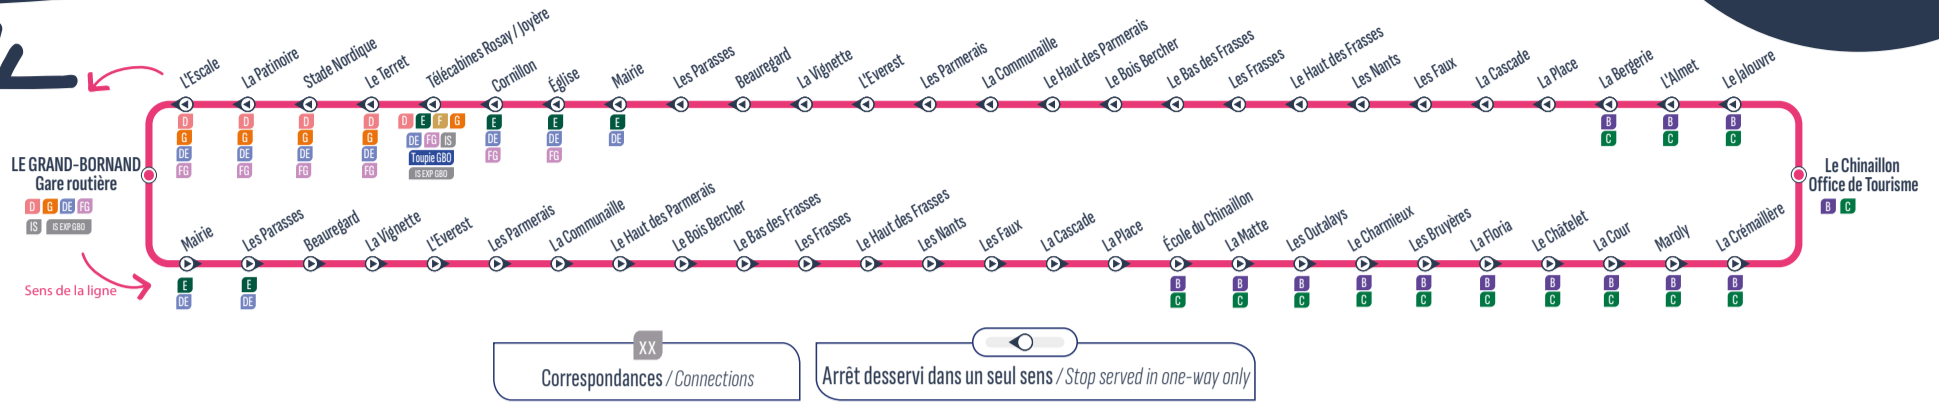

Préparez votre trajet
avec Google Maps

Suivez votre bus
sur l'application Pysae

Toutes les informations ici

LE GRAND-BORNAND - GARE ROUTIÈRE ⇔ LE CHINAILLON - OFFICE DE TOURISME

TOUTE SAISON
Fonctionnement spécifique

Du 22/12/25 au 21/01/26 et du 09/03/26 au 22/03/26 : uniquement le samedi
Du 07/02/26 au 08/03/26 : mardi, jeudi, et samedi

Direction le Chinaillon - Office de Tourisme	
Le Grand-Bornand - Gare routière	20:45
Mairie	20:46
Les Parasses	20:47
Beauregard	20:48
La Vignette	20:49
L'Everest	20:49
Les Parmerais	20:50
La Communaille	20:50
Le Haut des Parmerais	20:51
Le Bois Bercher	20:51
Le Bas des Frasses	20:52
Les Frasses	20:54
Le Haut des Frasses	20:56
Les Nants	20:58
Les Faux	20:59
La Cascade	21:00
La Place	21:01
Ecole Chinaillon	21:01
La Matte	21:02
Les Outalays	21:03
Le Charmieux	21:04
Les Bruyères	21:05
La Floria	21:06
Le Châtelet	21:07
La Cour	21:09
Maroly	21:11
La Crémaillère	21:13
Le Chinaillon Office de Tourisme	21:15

==

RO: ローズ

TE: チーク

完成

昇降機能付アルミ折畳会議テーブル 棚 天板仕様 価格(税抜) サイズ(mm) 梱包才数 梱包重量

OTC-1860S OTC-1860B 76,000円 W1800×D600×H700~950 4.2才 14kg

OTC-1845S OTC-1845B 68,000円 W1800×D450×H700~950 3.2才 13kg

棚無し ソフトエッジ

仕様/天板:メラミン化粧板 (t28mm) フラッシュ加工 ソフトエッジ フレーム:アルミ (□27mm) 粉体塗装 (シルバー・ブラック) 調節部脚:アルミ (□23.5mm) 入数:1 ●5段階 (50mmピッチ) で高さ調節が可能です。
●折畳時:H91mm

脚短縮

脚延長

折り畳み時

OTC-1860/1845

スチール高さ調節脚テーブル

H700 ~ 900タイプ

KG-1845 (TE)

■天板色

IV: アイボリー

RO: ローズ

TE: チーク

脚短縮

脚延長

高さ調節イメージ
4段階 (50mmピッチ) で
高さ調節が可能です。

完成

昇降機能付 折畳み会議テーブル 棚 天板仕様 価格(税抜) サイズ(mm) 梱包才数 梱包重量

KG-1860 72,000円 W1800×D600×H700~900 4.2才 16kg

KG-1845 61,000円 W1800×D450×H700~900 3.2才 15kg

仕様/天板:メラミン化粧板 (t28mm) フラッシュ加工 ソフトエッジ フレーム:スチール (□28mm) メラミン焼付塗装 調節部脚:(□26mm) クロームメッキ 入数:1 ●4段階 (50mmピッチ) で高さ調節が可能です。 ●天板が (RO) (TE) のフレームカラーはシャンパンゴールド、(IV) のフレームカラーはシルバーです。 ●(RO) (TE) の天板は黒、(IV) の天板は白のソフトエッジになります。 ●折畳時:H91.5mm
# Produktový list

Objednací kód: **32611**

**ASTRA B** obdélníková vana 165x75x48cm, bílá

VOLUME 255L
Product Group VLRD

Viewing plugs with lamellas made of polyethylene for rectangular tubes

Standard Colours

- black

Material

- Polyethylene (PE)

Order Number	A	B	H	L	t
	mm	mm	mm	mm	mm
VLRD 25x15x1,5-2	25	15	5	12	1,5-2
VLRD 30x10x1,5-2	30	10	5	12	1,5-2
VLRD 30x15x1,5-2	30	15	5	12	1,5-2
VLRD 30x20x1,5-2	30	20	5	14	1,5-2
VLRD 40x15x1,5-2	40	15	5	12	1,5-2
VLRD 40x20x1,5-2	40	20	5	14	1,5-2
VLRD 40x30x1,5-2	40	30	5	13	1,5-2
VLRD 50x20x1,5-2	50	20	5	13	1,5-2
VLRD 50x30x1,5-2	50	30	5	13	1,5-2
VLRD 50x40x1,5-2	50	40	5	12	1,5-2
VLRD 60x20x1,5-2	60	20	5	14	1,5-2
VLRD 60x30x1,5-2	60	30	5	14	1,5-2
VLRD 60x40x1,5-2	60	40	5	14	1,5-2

==

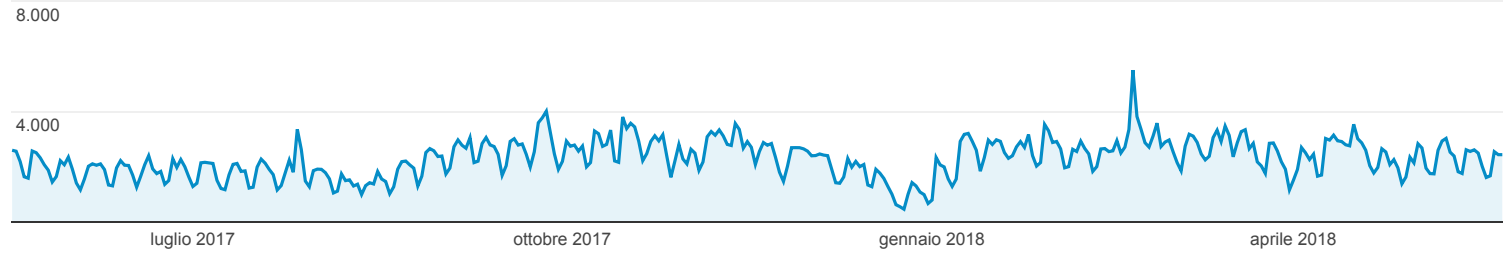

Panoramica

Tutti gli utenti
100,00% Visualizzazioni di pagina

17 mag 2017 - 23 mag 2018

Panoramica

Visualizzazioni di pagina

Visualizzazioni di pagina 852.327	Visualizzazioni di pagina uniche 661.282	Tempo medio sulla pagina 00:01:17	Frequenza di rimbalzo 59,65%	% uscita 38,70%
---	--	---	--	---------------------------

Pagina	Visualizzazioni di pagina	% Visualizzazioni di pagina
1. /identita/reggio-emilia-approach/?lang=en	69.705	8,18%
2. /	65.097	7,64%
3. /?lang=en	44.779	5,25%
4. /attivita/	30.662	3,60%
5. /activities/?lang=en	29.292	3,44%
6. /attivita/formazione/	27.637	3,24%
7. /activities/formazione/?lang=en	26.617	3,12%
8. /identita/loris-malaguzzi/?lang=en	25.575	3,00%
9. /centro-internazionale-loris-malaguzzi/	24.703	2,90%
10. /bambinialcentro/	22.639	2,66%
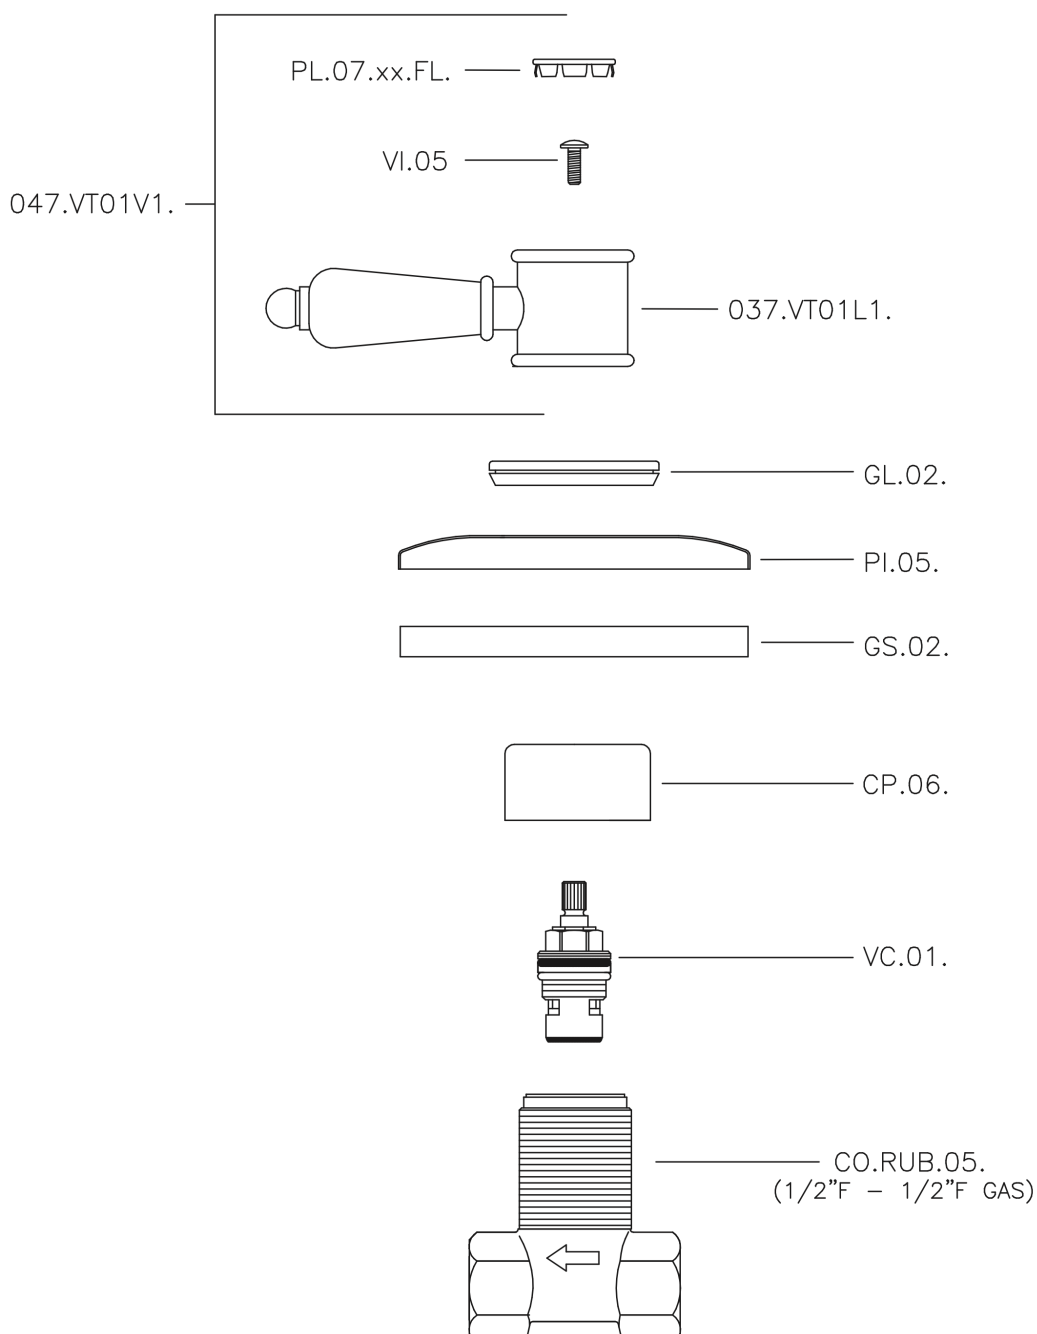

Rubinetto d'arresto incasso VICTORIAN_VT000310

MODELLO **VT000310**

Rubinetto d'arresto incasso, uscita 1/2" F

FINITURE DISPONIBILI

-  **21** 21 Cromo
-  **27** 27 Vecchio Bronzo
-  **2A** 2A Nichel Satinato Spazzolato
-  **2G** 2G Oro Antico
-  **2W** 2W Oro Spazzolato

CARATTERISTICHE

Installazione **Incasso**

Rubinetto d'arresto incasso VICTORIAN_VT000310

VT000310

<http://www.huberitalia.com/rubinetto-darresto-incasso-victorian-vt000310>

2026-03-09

[WHAT IS NEEDED] The stretch above running from the line with "17 mag 2017 - 23 mag 2018" through the line with "2W Oro Spazzolato" is all you should copy, exactly, leaving out the pictures.

[ANSWER AREA]
17 mag 2017 - 23 mag 2018

Panoramica

Visualizzazioni di pagina

Visualizzazioni di pagina 852.327	Visualizzazioni di pagina uniche 661.282	Tempo medio sulla pagina 00:01:17	Frequenza di rimbalzo 59,65%	% uscita 38,70%
---	--	---	--	---------------------------

Pagina	Visualizzazioni di pagina	% Visualizzazioni di pagina
1. /identita/reggio-emilia-approach/?lang=en	69.705	8,18%
2. /	65.097	7,64%
3. /?lang=en	44.779	5,25%
4. /attivita/	30.662	3,60%
5. /activities/?lang=en	29.292	3,44%
6. /attivita/formazione/	27.637	3,24%
7. /activities/formazione/?lang=en	26.617	3,12%
8. /identita/loris-malaguzzi/?lang=en	25.575	3,00%
9. /centro-internazionale-loris-malaguzzi/	24.703	2,90%
10. /bambinialcentro/	22.639	2,66%

Rubinetto d'arresto incasso VICTORIAN_VT000310

MODELLO **VT000310**

Rubinetto d'arresto incasso, uscita 1/2" F

FINITURE DISPONIBILI

-  **21** 21 Cromo
-  **27** 27 Vecchio Bronzo
-  **2A** 2A Nichel Satinato Spazzolato
-  **2G** 2G Oro Antico
-  **2W** 2W Oro Spazzolato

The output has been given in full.